Exercise goal.
Where a record contains an image, leave the image out and print the rest exactly.

[Records from a data source]

------------

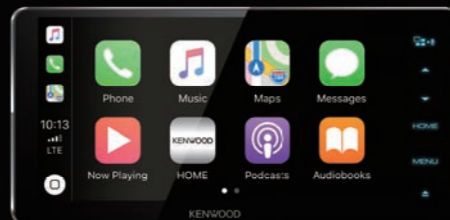

Series

DDX9018S/918WS and DNX9180S

All in One
The Ultimate Integration.

Apple CarPlay™ via USB

CarPlay gives iPhone users an incredibly intuitive way to make calls, use Maps, listen to music and access messages with just a word or a touch. Some features, applications, and services are not available in all areas. For details, see: www.apple.com/ios/feature-availability/#applecarplay-applecarplay

------------

Response to the exercise.
Series

DDX9018S/918WS and DNX9180S

All in One
The Ultimate Integration.

Apple CarPlay™ via USB

CarPlay gives iPhone users an incredibly intuitive way to make calls, use Maps, listen to music and access messages with just a word or a touch. Some features, applications, and services are not available in all areas. For details, see: www.apple.com/ios/feature-availability/#applecarplay-applecarplay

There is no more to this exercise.